At a recent get together she came and sat down next to me while I was alone for a minute, just to catch up as one does, and I found I had nothing to say. The only words that would come out of my mouth were civil banal pleasantries. Fortunately, she was interrupted by a grandkid and whisked away before it became problem. There is something unsaid between us, but I can’t quite figure it out. This is the longest we’ve gone without a major heart to heart conversation. We do communicate very well when we connect right, at the right time and place over the right subject matter, but it’s been so long now that I can’t even remember the last time we really “talked.”
Watching her with her grandkids that night, something dawned on me. Logan has the exact same personality as her father, my brother. Sebastian is a clone of his father, my brother. Esther, oldest (like me) has a very similar brain as me, and Bear just crawls around looking cute, much like my sister did at that age.
We’ve all been replaced with infinitely cuter and more fun versions of our best selves. Playing with grandkids is her all time favorite pastime, and watching her- the voices she uses, the things she suggests- they were all voices she used with us, the kind of things she’d suggest and do for us.
And so I felt whacked with an odd type of nostalgia tainted by two specific disturbing feelings I’ve been puzzling over until now.
First, it was her, the mom I remember from childhood- but old now, like an actual old woman. A grandmother, with long white hair. I remember how vibrant and beautiful she was when we were kids. The overlap with how identical she was acting and sounding, and the age misalignment, was discomforting.
It was like a low level kernel panic over trying to load an old image with the same name as a new image and getting confliction.
Second was this feeling of not really existing anymore, as though I were a kind of ‘evil’ doppelganger of my former childhood self, that I was seeing right in front of me in Esther.
In the same breath it felt like I was placed outside of my own, perhaps my old, life- while my mother became replaced with an old decrepit (I am being dramatic, she’s lovely) version of her former self.
And the odd thing was that it made me feel unsettled, but not nostalgic. Which made me realize something else: it seems to have taken me the entirety of my young adult life, but I no longer feel it. At all.

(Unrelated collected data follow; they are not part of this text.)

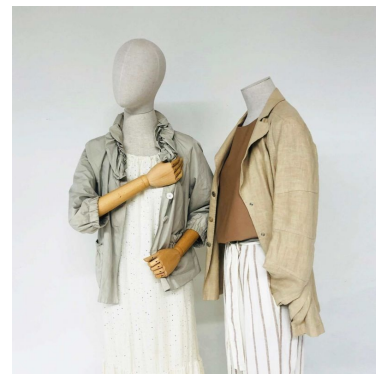

Busto femminile in tessuto con testa e braccia su base

Busto sartoriale

375,00 €IVA escl

SPECIFICHE

Marca	Bust shopping
Base	
Fissaggio	Gluteo
Colore	Ivoire
Rif	bus-tis-fem-3845
ID	3845
Termine di consegna	1-5 giorni lavorativi
Categoria	Busto sartoriale
Tipo	Busti di manichini

DETAIL

Questo busto in tessuto di alta gamma, completo di testa e braccia, aggiunge un tocco di realismo e raffinatezza alla presentazione dei vostri prodotti. La sua base su ruote offre una flessibilità ottimale per un'esposizione dinamica e accattivante. Adatti per esporre capi di abbigliamento, accessori o nuove collezioni, i busti Mannequin Shopping presentano la vostra merce in modo eccezionale. Attirano l'attenzione dei clienti, stimolando l'interesse e promuovendo le vendite. Dimensioni:

- Spalle: 32 cm
- Castello: 83 cm
- Gamba: 60 cm
- Fianchi: 90 cm

DESCRIZIONE

Manichino da vetrina con testa e braccia femminili su base carrellata. State cercando un elegante **manichino da vetrina** per il vostro **store**? Scoprite il nostro busto femminile in tessuto, perfetto per il **retail**. Questo busto in tessuto di alta gamma, completo di testa e braccia, aggiunge un tocco di realismo e raffinatezza all'esposizione dei vostri prodotti. La sua base su ruote offre una flessibilità ottimale per un **allestimento dinamico**. Ideale per esporre capi di abbigliamento, accessori o nuove collezioni, questo **busto manichino** mette in mostra la vostra merce, attirando l'attenzione dei clienti e incrementando le vendite.

I never realized at the time that Nostalgia can actually just be anxiety over the coming grief of losing your own life, including everyone in it. A hyper fixation on the details, as though generating memory were a way to preserve something destined to pull away.
Foolish. Silly.
Because once the grief is allowed to hit, and allowed to be felt, what follows is something you would never expect- though you should. Something you wouldn’t expect you’d miss, though you will. What follows is that those feelings- the anxiety, the sadness, the loss- they get put away, where they belong, and they vanish. Just like any healthy emotional process.
And now most of the elements of my youth, including the people in it, don’t cross my mind hardly at all. People, role models, loved ones, that were themselves the bulk of my entire world- it’s like glancing back at a dusty bookshelf in a dark room.
Instead, it’s just the present. And, for the first time, the future. My thoughts move there, out of this dim morass- towards some kind of light up ahead.